Today I gave a lecture at Tullie House Museum and Art Gallery in Carlisle, in conjunction with the travelling exhibition ‘Secret Egypt’. The Manchester Museum has loaned a number of items to the exhibition, including two star pieces which would otherwise not have been seen during the redevelopment: a limestone flake (or ostracon) with a rare depiction of a funeral and the Riqqeh Pectoral. Also on loan from our Museum was ‘Salford EA 7’, the mummy and coffin of a woman, one of several human remains transferred to Manchester from the Salford Museum and Art Gallery in 1979.
Giving the lecture provided an opportunity to do some research on the coffin and its occupant, which we had previously loaned to a venue in Venezuela. X-rays carried out in the early 1980s revealed the mummy belonged to a woman in her 20s, but the label in the old ‘Afterlife’ gallery referred to her simply as ‘The Salford Mummy’. The label also claimed that she was ‘unnamed’. In fact, both the mummy’s brightly painted coffin and cartonnage decorations named the woman as ‘Ta-sheri-ankh’ (literally: ‘The living child’). The style of the coffin closely resembles other examples from the site of Akhmim.

Salford EA 7 – the coffin of Ta-sheri-ankh
In 1884, the French Egyptologist Gaston Maspero (1846-1916) discovered hundreds of coffins, mummies and other assorted funerary equipment at this site. Sadly, the fate of many of these mummies was to be sold to paper-making factories or used as fuel for the Egyptian National Railway(!). Fortunately, many items survived by being bought by travellers and have ended up in museums around the world. Interestingly, Ta-sheri-ankh and her coffin do not seem to have been part of this particular haul: her mummy and coffin was donated to Newport Museum in 1888 by Sir George Elliot, who acquired her in the 1870s.
The names of Ta-sheri-ankh’s parents are preserved: her father was called ‘Iret-hor-ru’ and her mother ‘Mut-hotep’, both of whom held titles in the priesthood of the god Min at Akhmim – corroborating the provenance suggested from the iconography of the coffin. It is likely – though not spelt out on her coffin – that Ta-sheri-ankh worked, like her mother, as a temple singer of Min.

The name of ‘Ta-sheri-ankh’ in hieroglyphs. The final two signs have been mixed up.
Ta-sheri-ankh had been labelled with a nebulous ‘Late Period’ date.
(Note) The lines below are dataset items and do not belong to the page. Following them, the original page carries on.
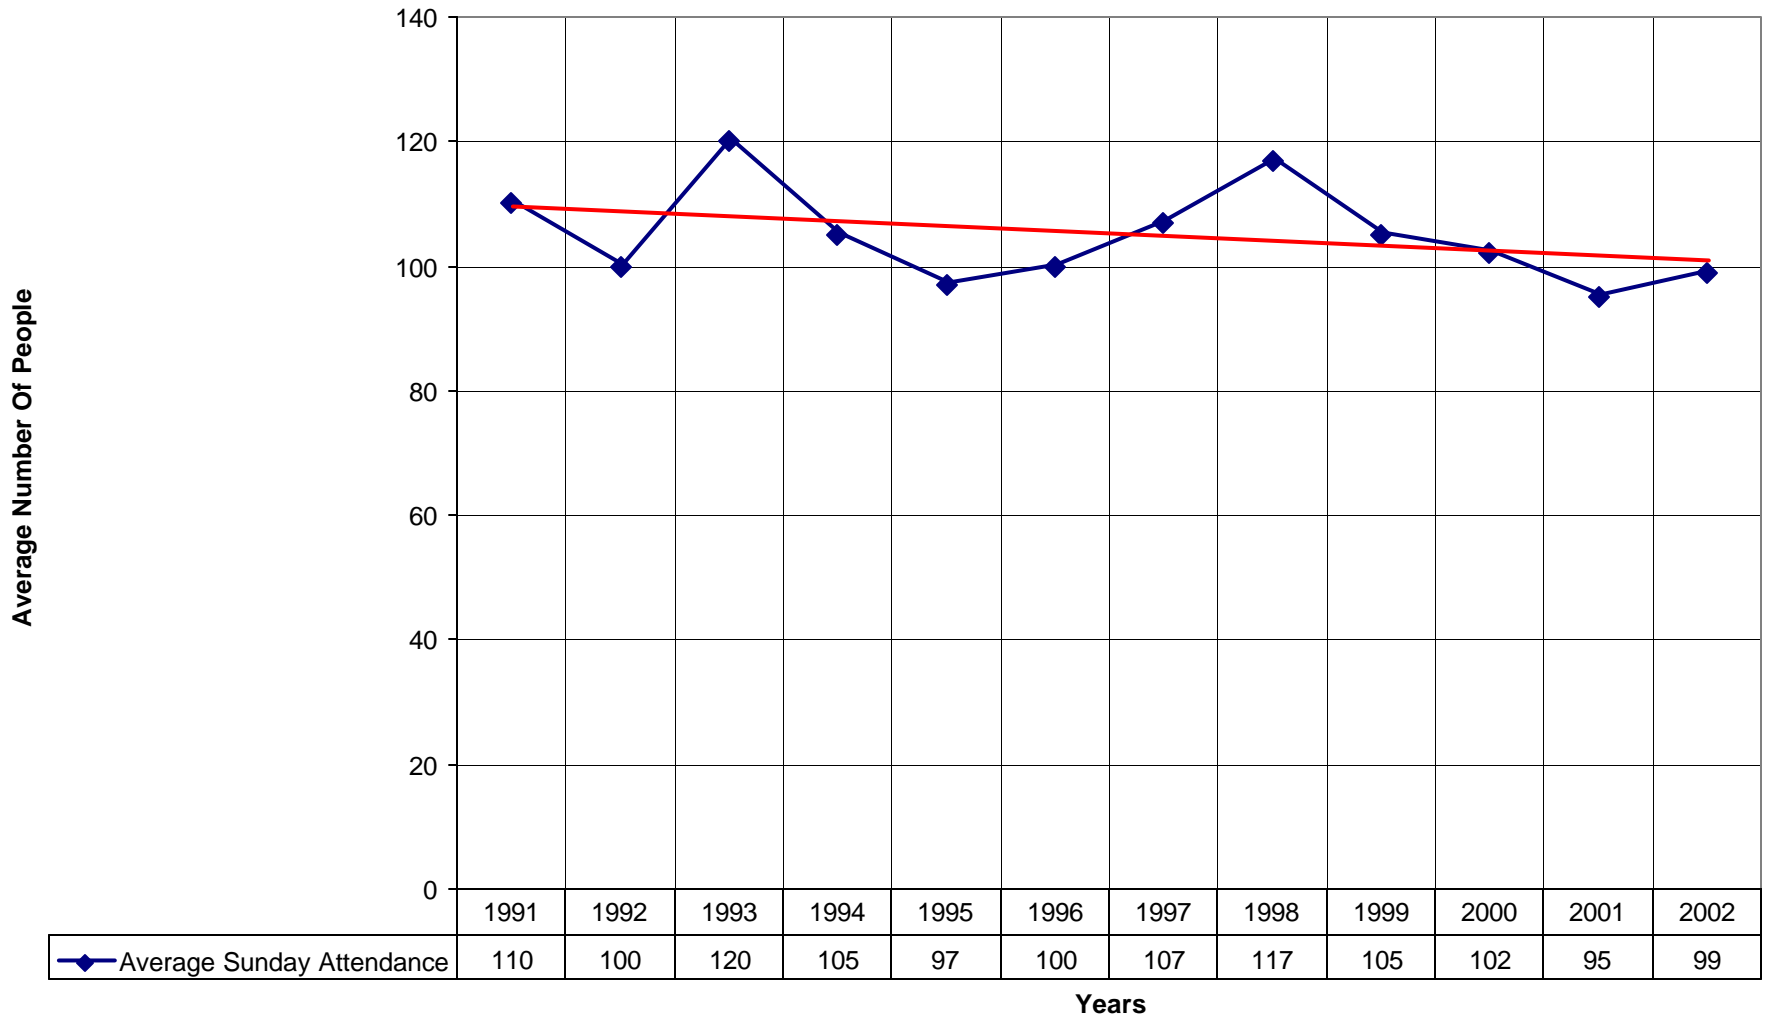

### 5033 St. Simon's Episcopal Church SD

◆ Average Sunday Attendance    ■ EasterAttendance    — Linear (Average Sunday Attendance)    — Linear (EasterAttendance)

5033 St. Simon's Episcopal Church SD

◆ EasterAttendance — Linear (EasterAttendance)

5033 St. Simon's Episcopal Church SD

◆ Average Sunday Attendance — Linear (Average Sunday Attendance)

It is difficult to be precise about dating Late Period coffins from Akhmim, because of a lack of reliable date indicators and variation between Akhmim styles and contemporary coffins made elsewhere in Egypt at the same time. However, the large size of the eyes on the coffin’s gilded mask and the fact that Ta-sheri-ankh is referred to as a ‘Hathor’ seem to indicate a date of around the beginning of the Ptolemaic Period (c. 300 BC).
Further investigation of Ta-sheri-ankh’s mummy is planned, but for the moment it is satisfying to be able to refer to her by name. It was, after all, the prime Egyptian funerary wish that the name should survive after death – so Ta-sheri-ankh is lucky in comparison with so many of her contemporaries, who met a rather different fate at the end of the 19th Century.